### [Problem to solve]
Copy nothing before the line containing "50761 45 × 46 × 204 cm". Reproduce that line and all that follow, exactly, through the end of the records.
*** Records to process
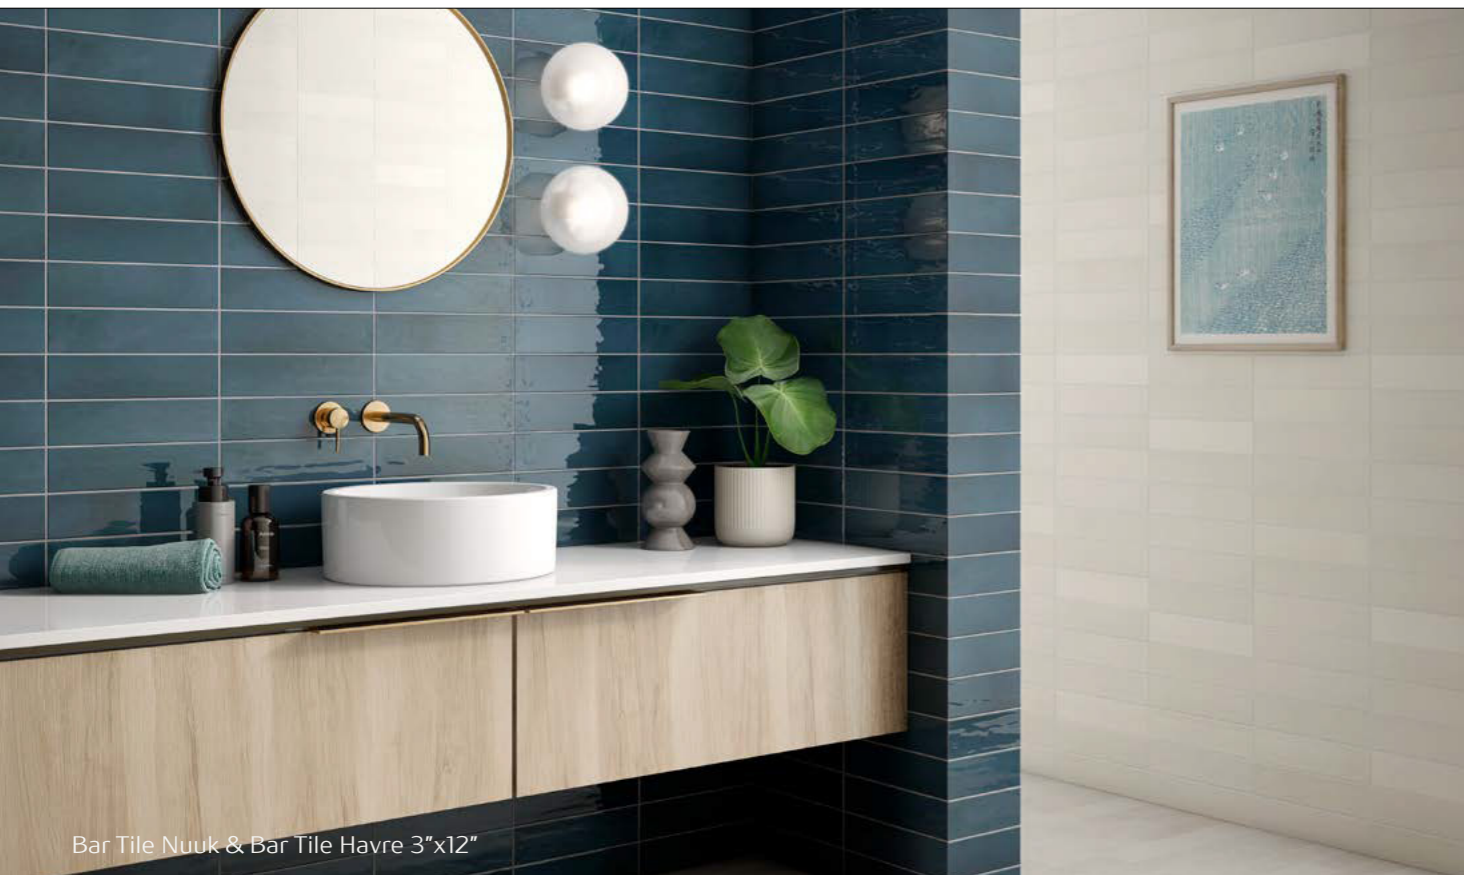

Roca

Bar Tile

Bar Tile

Bar tile is versatile, and adds a touch of personality to each space. With its bold colors, it's the perfect way to add some personality to your living space. It's also made with a unique variation that gives each tile its own special look.

Ceramic Wall

3"x12"

Bar Tile Nuuk & Bar Tile Glasgow 3"x12"

Bar Tile Nuuk & Bar Tile Havre 3"x12"

Bar Tile Lisbon 3"x12"

Bar Tile

Ceramic Wall

3"x12"
 7.7x30.5 cm
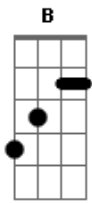

© ukulele-chords.com
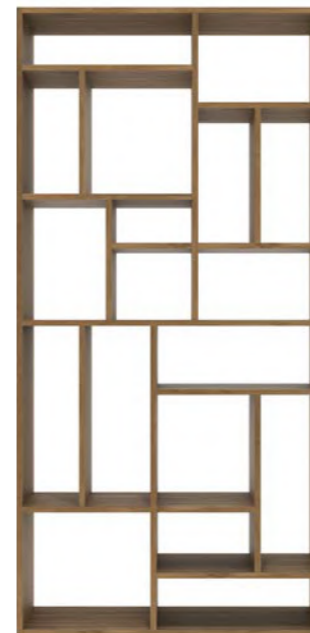

50761 45 × 46 × 204 cm
17.5" × 18" × 80.5"

RISE RACK

solid oak with a black metal frame 

50137 140 × 38 × 165 cm
55" × 15" × 65"

BLACKBIRD RACK

solid oak and black tained solid oak with black metal legs  

51482 100 × 37 × 207 cm
39.5" × 14.5" × 81.5"
******
### [Answer area]
50761 45 × 46 × 204 cm
17.5" × 18" × 80.5"

RISE RACK

solid oak with a black metal frame 

50137 140 × 38 × 165 cm
55" × 15" × 65"

BLACKBIRD RACK

solid oak and black tained solid oak with black metal legs  

51482 100 × 37 × 207 cm
39.5" × 14.5" × 81.5"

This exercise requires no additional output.